FIG. 3 depicts an exemplary embodiment of a communication device 300. Communication device 300 can serve in whole or in part as an illustrative embodiment of the communication devices of FIG. 1. The communication device 300 can comprise a wireline and/or wireless transceiver 302 (herein transceiver 302), a user interface (UI) 304, a power supply 314, a location receiver 316, and a controller 306 for managing operations thereof. The transceiver 302 can support short-range or long-range wireless access technologies such as Bluetooth, WiFi, Digital Enhanced Cordless Telecommunications (DECT), or cellular communication technologies, just to mention a few. Cellular technologies can include, for example, CDMA-1X, UMTS/HSDPA, GSM/GPRS, TDMA/EDGE, EV/DO, WiMAX, SDR, and next generation cellular wireless communication technologies as they arise. The transceiver 302 can also be adapted to support circuit-switched wireline access technologies (such as PSTN), packet-switched wireline access technologies (such as TCPIP, VoIP, etc.), and combinations thereof.

The UI 304 can include a depressible or touch-sensitive keypad 308 with a navigation mechanism such as a roller ball, joystick, mouse, or navigation disk for manipulating operations of the communication device 300. The keypad 308 can be an integral part of a housing assembly of the communication device 300 or an independent device operably coupled thereto by a tethered wireline interface (such as a USB cable) or a wireless interface supporting for example Bluetooth. The keypad 308 can represent a numeric dialing keypad commonly used by phones, and/or a Qwerty keypad with alphanumeric keys. The UI 304 can further include a display 310 such as monochrome or color LCD (Liquid Crystal Display), OLED (Organic Light Emitting Diode) or other suitable display technology for conveying images to an end user of the communication device 300. In an embodiment where the display 310 is touch-sensitive, a portion or all of the keypad 308 can be presented by way of the display.

The UI 304 can also include an audio system 312 that utilizes common audio technology for conveying low volume audio (such as audio heard only in the proximity of a human ear) and high volume audio (such as speakerphone for hands free operation). The audio system 312 can further include a microphone for receiving audible signals of an end user. The audio system 312 can also be used for voice recognition applications. The UI 304 can further include an image sensor 313 such as a charged coupled device (CCD) camera for capturing still or moving images.
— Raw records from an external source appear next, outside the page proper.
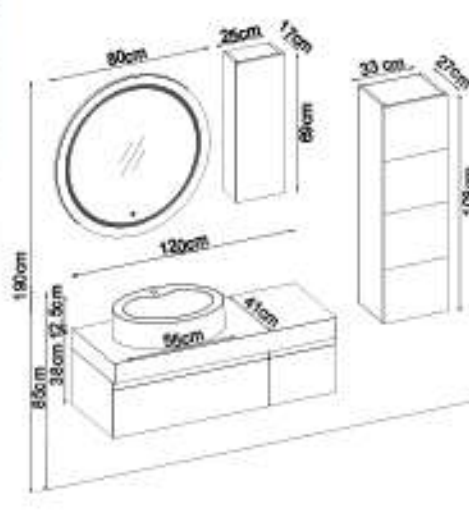

Custom Design

Product	Product Name	Page
Vanity Unit	Moderno 28120 V31-AD	-
Side Cabinet	Line 102-202-0	-
Countertop	Lisbon Box	116
Washbasin	HG. White Acrimer Elipso	117
Mirror	Flex 80	116
Top Unit	Line 102-202-0-UD	-
Cabinet Legs	-	124
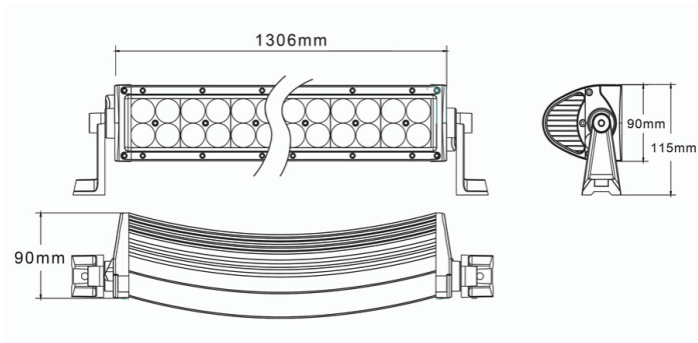

PANEL LED 96X LED 1344MM CURVE

Reference: FA35136

PHOTO AND TECHNICAL DRAWING:

TECHNICAL SPECIFICATIONS:

MATERIAL	QUANTITY LED/LM	MOUNTING	CABLE	FUNCTION	WATT	VOLTAGE	CERTIFICATES	PACKING/WEIGHT
» Lens: PC » Housing: AL	» 96 » 8584 LM	» screw	» 250mm	» work light » combo	» 288W	» 12V/24V	» ECE R10	» cart. dim.: 1320x130x215 mm » lamp weight: 5140g » 4 pcs/bulk box

The power supply 314 can utilize common power management technologies such as replaceable and rechargeable batteries, supply regulation technologies, and charging system technologies for supplying energy to the components of the communication device 300 to facilitate long-range or short-range portable applications. The location receiver 316 can utilize common location technology such as a global positioning system (GPS) receiver for identifying a location of the communication device 300 based on signals generated by a constellation of GPS satellites, thereby facilitating common location services such as navigation.

The communication device 300 can use the transceiver 302 to also determine a proximity to a cellular, WiFi or Bluetooth access point by common power sensing techniques such as utilizing a received signal strength indicator (RSSI) and/or a signal time of arrival (TOA) or time of flight (TOF). The controller 306 can utilize computing technologies such as a microprocessor, a digital signal processor (DSP), and/or a video processor with associated storage memory such a Flash, ROM, RAM, SRAM, DRAM or other storage technologies.

The communication device 300 can be adapted to perform the functions of the media processor 106, the media devices 108, or the portable communication devices 116 of FIG. 1. It will be appreciated that the communication device 300 can also represent other common devices that can operate in communication system 100 of FIG. 1 such as a gaming console and a media player.

FIGS. 4 and 5 depict illustrative embodiments of a system 400 and another system 500 for enabling a subscriber to view (or listen) in real-time to a list of the most popular live shows other IPTV subscribers are currently watching or listening. To the inventor's knowledge, there is currently no built-in or native way to obtain the current real-time viewership information from existing IPTV systems. Although systems 400 and 500 outline two different solutions for obtaining such viewership information, it should be understood that there can be any number of additional systems within contemplation of the claimed embodiments as represented by the appended claims. Although the application is initially being developed for the TV, applications can also be expanded to the PC and Mobile devices.

The list of most popular shows can be sorted against the TV viewer's favorite channels list, or could be sorted into other categories such as sports, premium channels, or HD channels. The list can also be sorted against the channels the customer is subscribed to, in order to show the customer which shows he or she has access to and which shows would require a TV subscription upgrade.

The embodiments herein can also address how to scale within an IPTV system by prioritizing the commands (by placing viewership requests at a lower or lowest priority) used to obtain the viewership information, and by polling a subset of the entire IPTV subscriber base (typically within a region) in order to get an accurate sampling of the information that can be extrapolated to the entire customer base.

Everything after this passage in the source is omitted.